# Analysis of NSW Food Authority's Name & Shame Register

The NSW Food Authority publishes lists of businesses that have breached or are alleged to have breached NSW food safety laws. Publishing the lists gives consumers more information to make decisions about where they eat or buy food. Individuals and businesses may receive either a penalty notice for their alleged offence or be prosecuted before a court.

In [None]:
#! pip install html-table-parser-python3

In [None]:
# Libraries
import utils

import pandas as pd
import numpy as np
import boto3
import os
import io
from dotenv import load_dotenv #for loading env variables

## 1. Get Existing Data from S3

The Food Authority's Name & Shame website only displays the last 12 months of data. But since I started this repository (in June, 2024) I simply append any new data to the bottom of a dataset stored in aws S3. So step 1 of the overall process is to get this data

#### Get access keys and read from aws S3

In [None]:
# Load the environment variables from .env
load_dotenv()

#get aws keys from .env file
CLIENT_ID = os.environ.get("AWS_ACCESS_KEY_ID")
CLIENT_SECRET = os.environ.get("AWS_SECRET_ACCESS_KEY") 

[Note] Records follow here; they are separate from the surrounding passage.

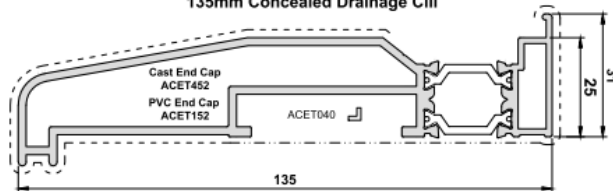

ETC152
135mm Concealed Drainage Cill
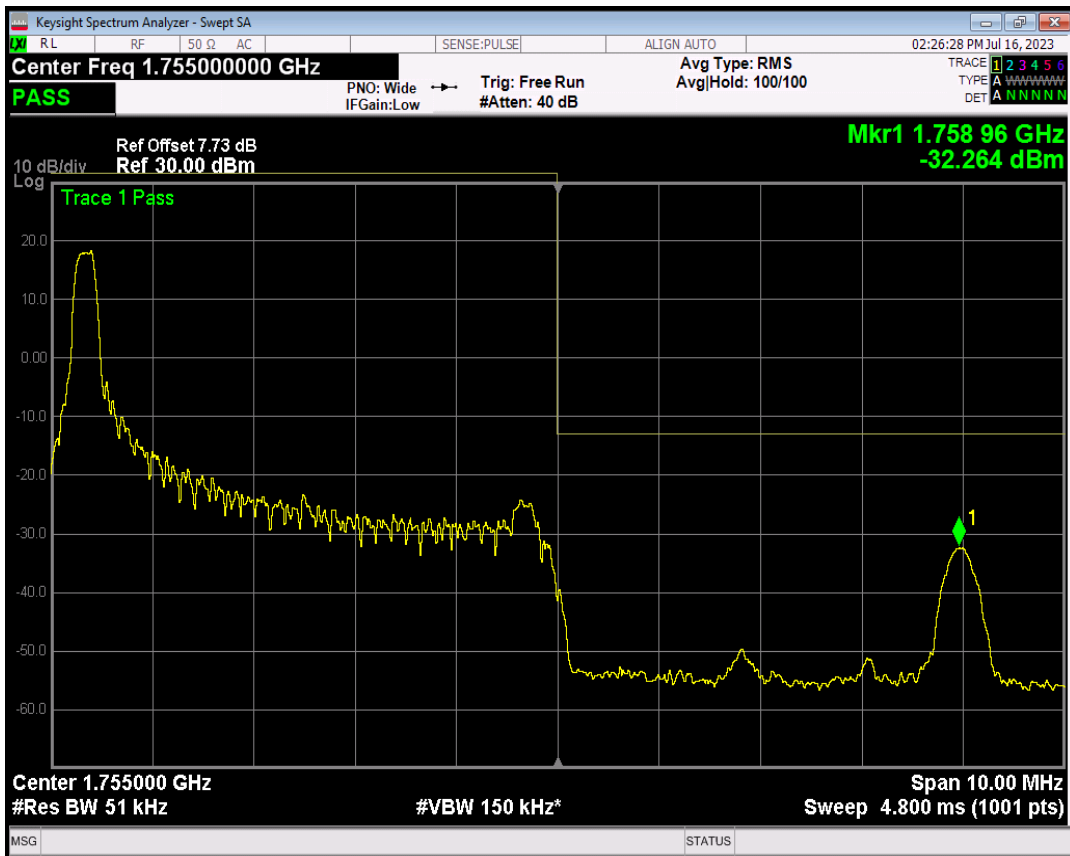

Band4 16QAM BW=5MHz Channel=19975 RB Size=1 Position=#0

Band4 16QAM BW=5MHz Channel=19975 RB Size=1 Position=#Max

Band4 16QAM BW=5MHz Channel=19975 RB Size=25 Position=#0

Band4 QPSK BW=5MHz Channel=20375 RB Size=1 Position=#0
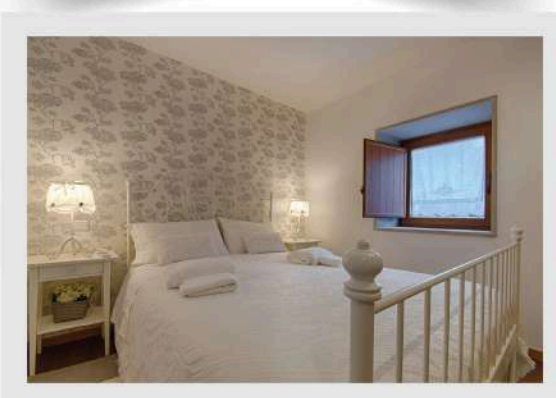

Casa da Costa

*It is located at:
16 km distance to the race.
146 km distance to Porto Airport
75 km distance to Vigo Airport*

Capacity: 6 people

Number of Rooms: 2

Rate per night: .....180.00 EUR

[ACCESS HERE AND LEARN MORE ABOUT THIS ACCOMMODATION](#)

+351 939 434 207 (Chamada para rede móvel nacional)

azevim.nature@gmail.com

www.azevimnature.com

azevimnature
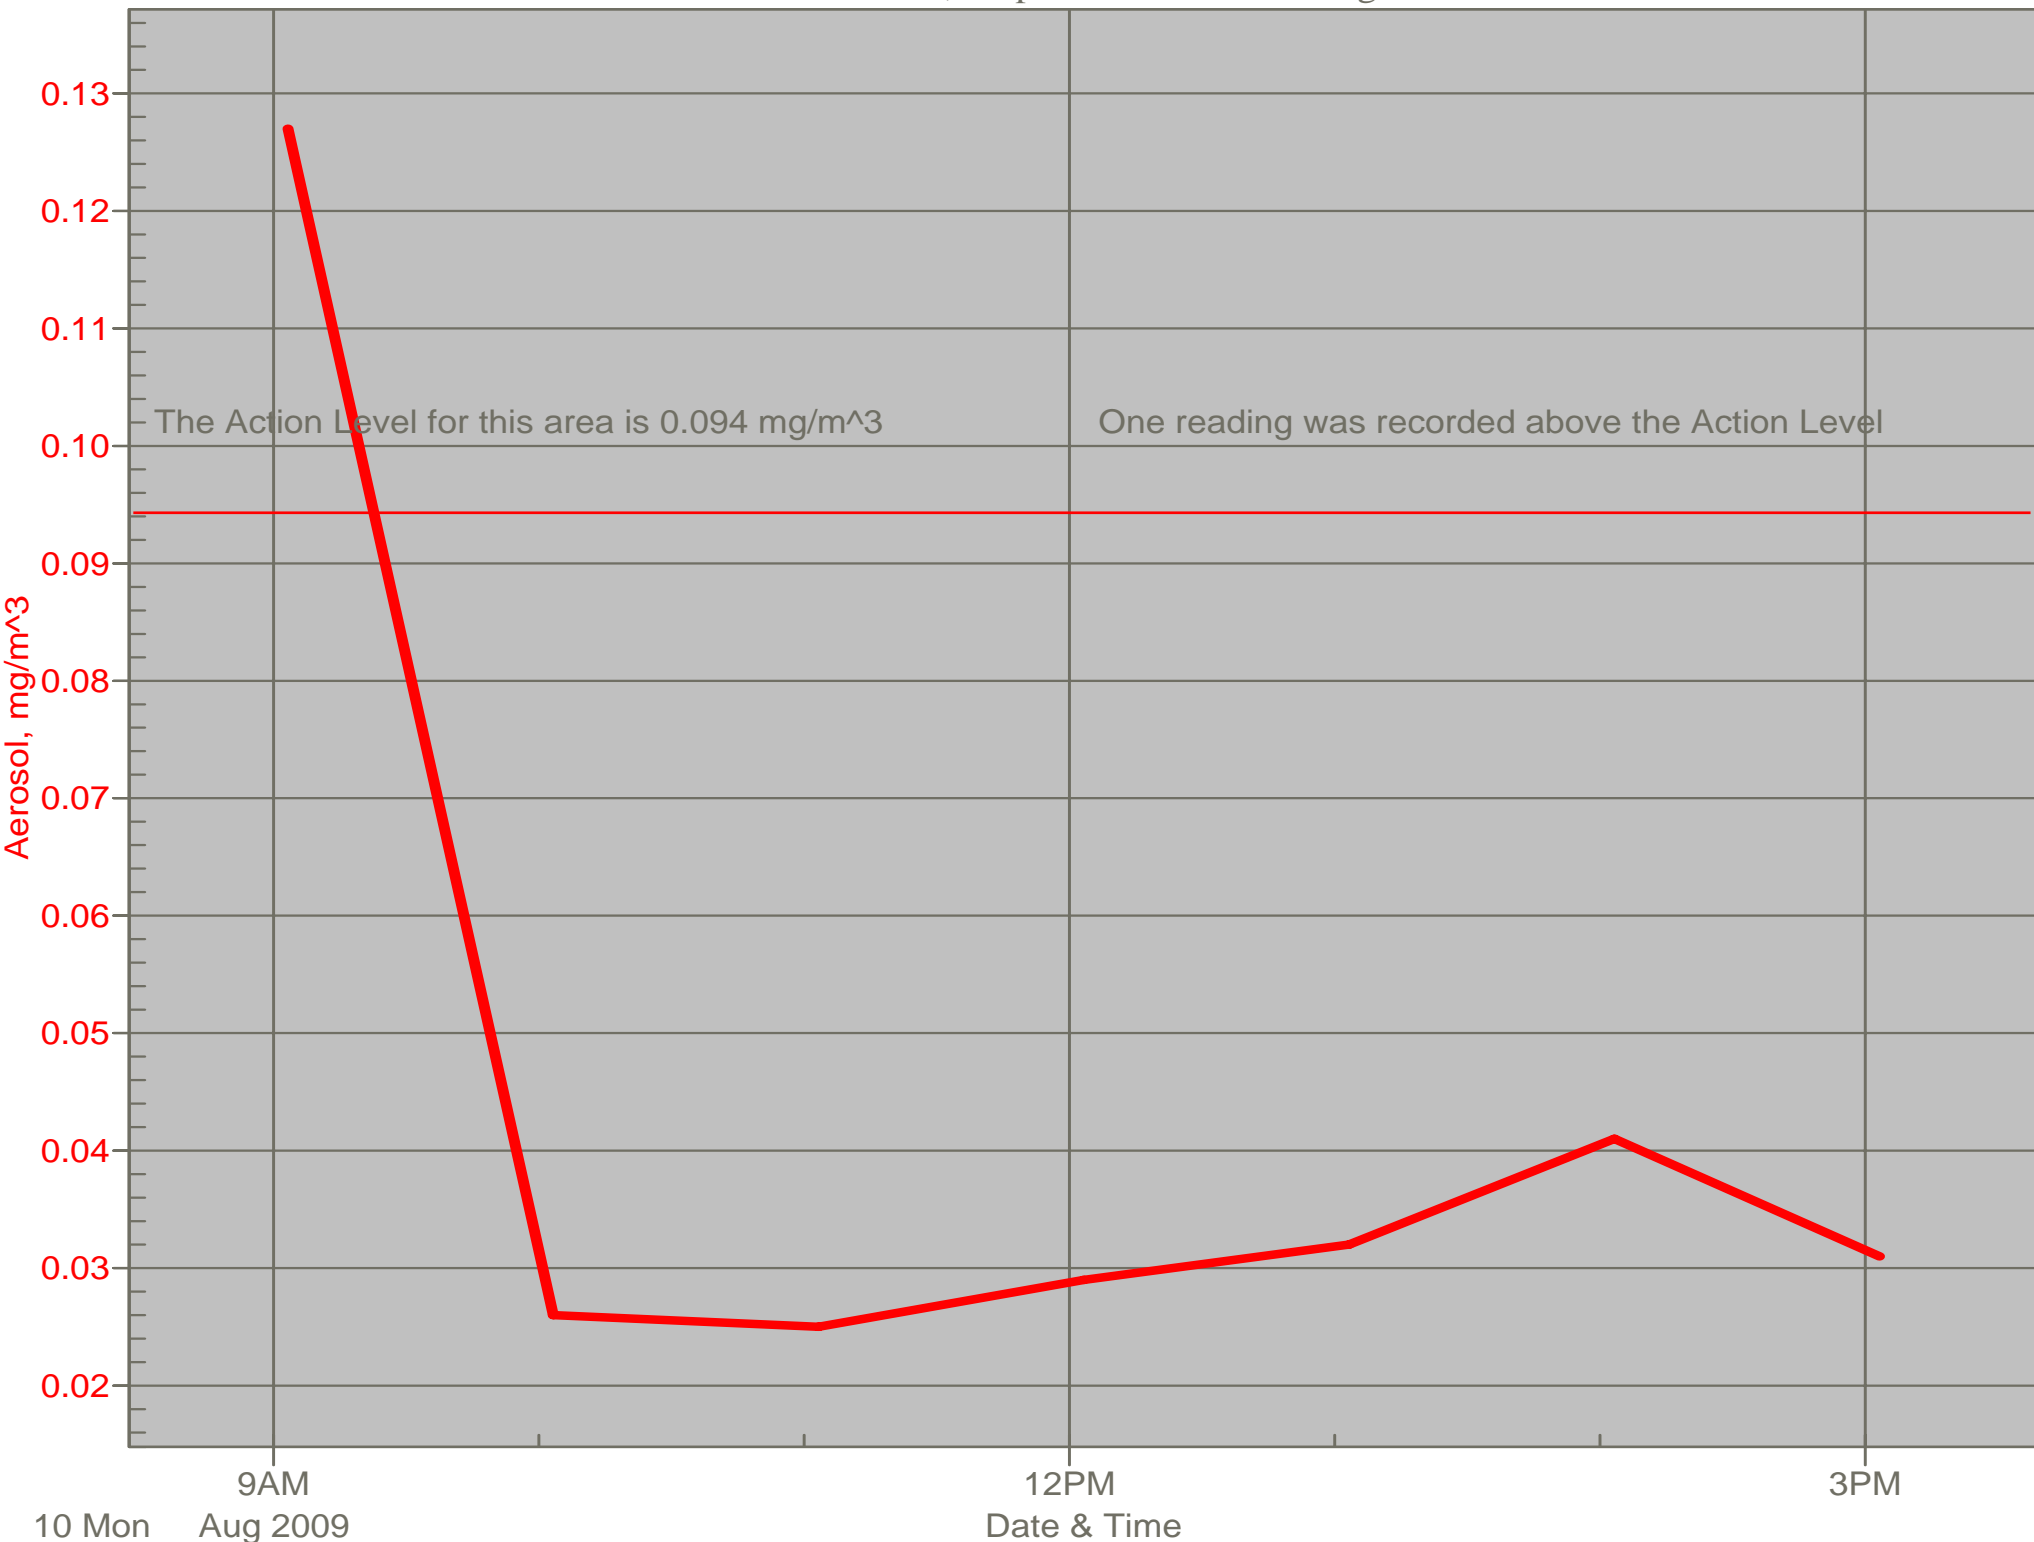

Air Monitor 2

South of CA, Sulphur Creek Monitoring

Air Monitor 3

East of Area H, Downwind of Area H

Air Monitor 4

South of CA, Sulphur Creek Monitoring (2)

Air Monitor 6

East of CA, Downwind of CA Material Screening

Air Monitor 7

Southwest of CA, Upwind of Site Activities

#setup an s3 session for downloading and uploading file to s3
session = boto3.Session(aws_access_key_id=CLIENT_ID,
                        aws_secret_access_key=CLIENT_SECRET)
s3 = session.client('s3')

#### Declare aws parameters and read into a dataframe

We will use `pre_df` (as in, *previous* dataframe) since this is the "old" data we are looking to update. 

In [None]:
#declare the object and from what bucket the data will come from
bucket_name='nsw-food-authority-name-and-shame'
object_key='dataset.csv'
version_id="" #keep blank unless specific version is required

if version_id =='':
# Retrieve object from S3
    obj = s3.get_object(Bucket=bucket_name, Key=object_key)
else:
    print("Downloading specific version: {}".format(version_id))
    obj = s3.get_object(Bucket=bucket_name, Key=object_key, VersionId = version_id)

# Read the object's content into a Pandas DataFrame
prev_df = pd.read_csv(io.BytesIO(obj['Body'].read()))
prev_df['notice_number'] = prev_df['notice_number'].astype(str) #convert to string for comparison
print("   Dataset has been downloaded. Shape: {}\n".format(prev_df.shape))
prev_df.head()

## 2. Get all notices that are currently on the Food Authority Website

The function `scrape_tables` takes a url (which we've defined as the food authority Name and Shame Register) and iterates over child-page of the website. 

The result is `notice_df`; a dataframe of all the notices across all pages of the parent url. 

In [None]:
#the parent page we are going to scrape
url = "https://www.foodauthority.nsw.gov.au/offences/penalty-notices"

print("iterate over the pages of url:\n  {}\n".format(url))
#scrape each of the pages and get the table of notices
notice_df = utils.scrape_tables(url)

## 3. Compare the website to dataset

We will now compare the notices found in Step 2, to the notices we already have in step 1

an `old_notice_number` is one which, as of last scrape, had not yet been removed from the website. We know what hadn't been removed by filtering on only those which have a null `date_removed_from_website`. 

A `current_notice_number` is any notice live on the website now. 

In [None]:
old_notice_numbers = prev_df[prev_df['date_removed_from_website'].isnull()]['notice_number'].tolist()

current_notice_numbers = notice_df['notice_number'].tolist()

#get the difference of the above to determine new and removed notices.
removed_notice_numbers = set(old_notice_numbers) - set(current_notice_numbers)
new_notice_numbers = set(current_notice_numbers) - set(old_notice_numbers)

print("{} notice_numbers removed".format(len(removed_notice_numbers)))
print("{} notice_numbers added".format(len(new_notice_numbers)))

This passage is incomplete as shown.